The orchestrator reads the top task, hands it to the coder, the tester runs the game and reports back, and the loop repeats. If the pattern breaks, it breaks on something that doesn’t matter. That’s why the toy project earns its place.

What the small models taught me

The biggest lesson: small local models fall apart when you hand them big asks. Give one a whole feature and it wanders off and breaks things. Give it one tiny change with clear conventions to follow and it usually gets there. Task size is the real tuning knob, more than temperature or prompts.

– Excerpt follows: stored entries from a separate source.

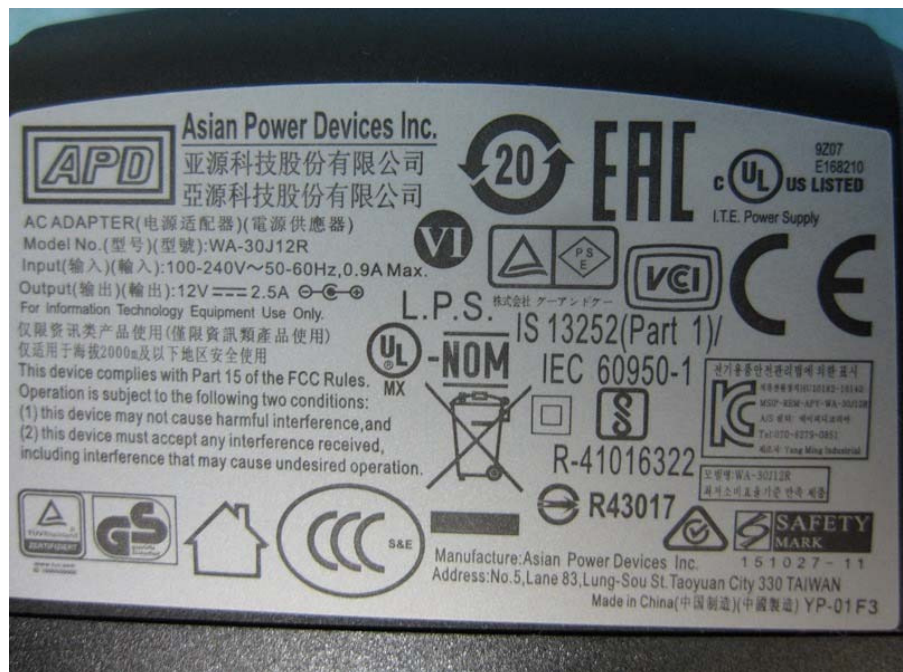

Photographs of EUT

Adapter 1

Model No.: MU30-P120250-A1

(Fixed plug)

Adapter 2
Model No.: WA-30J12FU
(Fixed plug)

Adapter 3
Model No.: WA-30J12R
(Interchangeable plug)

Adapter 4

Model No.: KSAS0361200250D5

The second lesson was the escalation rule. If the coder fails the same task twice, the orchestrator stops retrying, logs the failure to my shared memory system, and the task gets flagged for a bigger cloud model:

on second failure:
  store_memory(topic="escalations",
    text="Task 3 (save/load) failed twice: JSON serialization of
          room objects. Needs bigger model or human.")
  mark task ESCALATED, move to next

Without that rule, a small model will happily burn an afternoon failing the same task forty ways. Same way a shop runs: the apprentice does the oil changes, and you don’t hand them a transmission rebuild just because they’re standing there.

The same pattern now does real work on my network automation. A read-only recon agent investigates how my Ansible repos are structured, then a writer agent drafts playbooks that match those conventions. The takeaway: orchestration isn’t about making one agent smarter. It’s about limiting what each agent can do so the whole team stays predictable.